WHAT YOU HAVE TO DO
When you copy the entries, omit the images and keep every word as it is.
══ RECORD EXTRACTS ══
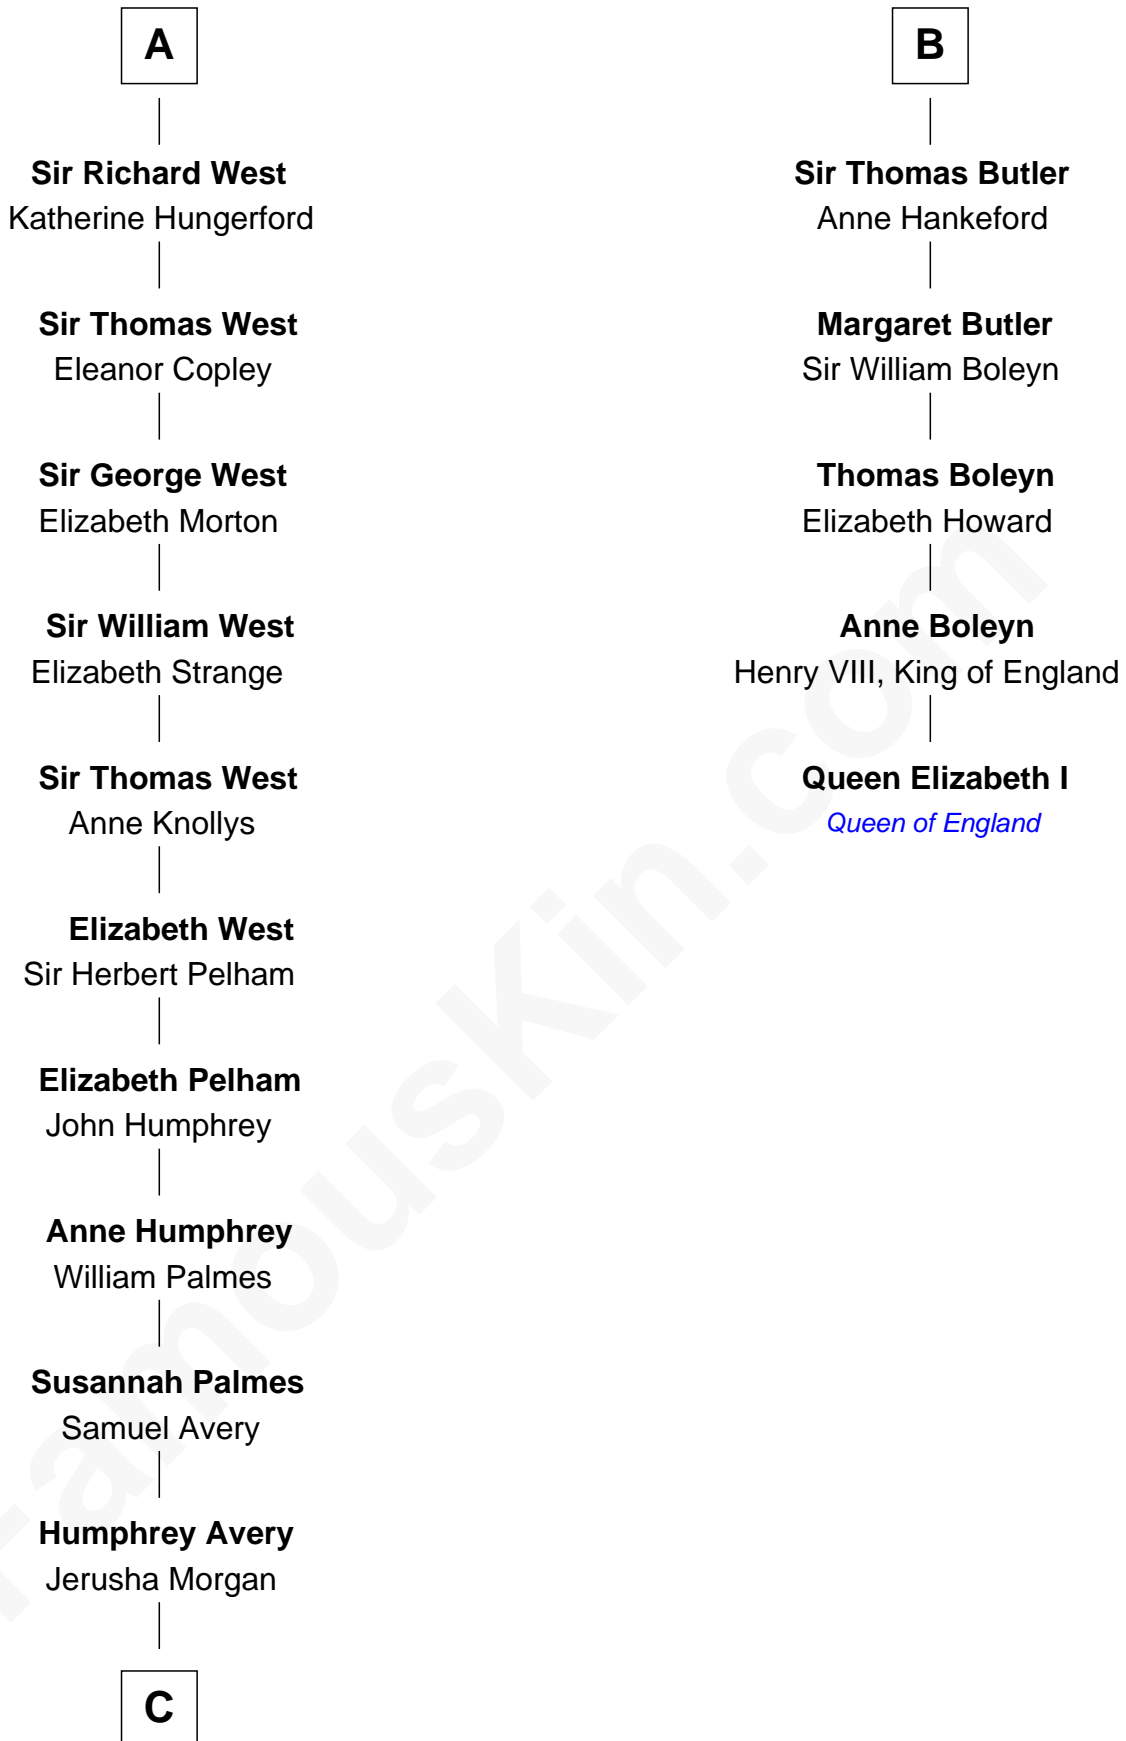

FamousKin.com Relationship Chart of

John D. Rockefeller

Founder of the Standard Oil Company

11th cousin 10 times removed of

Queen Elizabeth I

Queen of England

John de Lacy
Margaret de Quincy

C

—
Solomon Avery
Hannah Punderson

—
Miles Avery
Malinda Pixley

—
Lucy Avery
Godfrey Lewis Rockefeller

—
William Avery Rockefeller
Eliza Davison

—
John D. Rockefeller
Founder of the Standard Oil Company

FamousKin.com
═══
EXERCISE ANSWER
FamousKin.com Relationship Chart of

John D. Rockefeller

Founder of the Standard Oil Company

11th cousin 10 times removed of

Queen Elizabeth I

Queen of England

John de Lacy
Margaret de Quincy

C

—
Solomon Avery
Hannah Punderson

—
Miles Avery
Malinda Pixley

—
Lucy Avery
Godfrey Lewis Rockefeller

—
William Avery Rockefeller
Eliza Davison

—
John D. Rockefeller
Founder of the Standard Oil Company

FamousKin.com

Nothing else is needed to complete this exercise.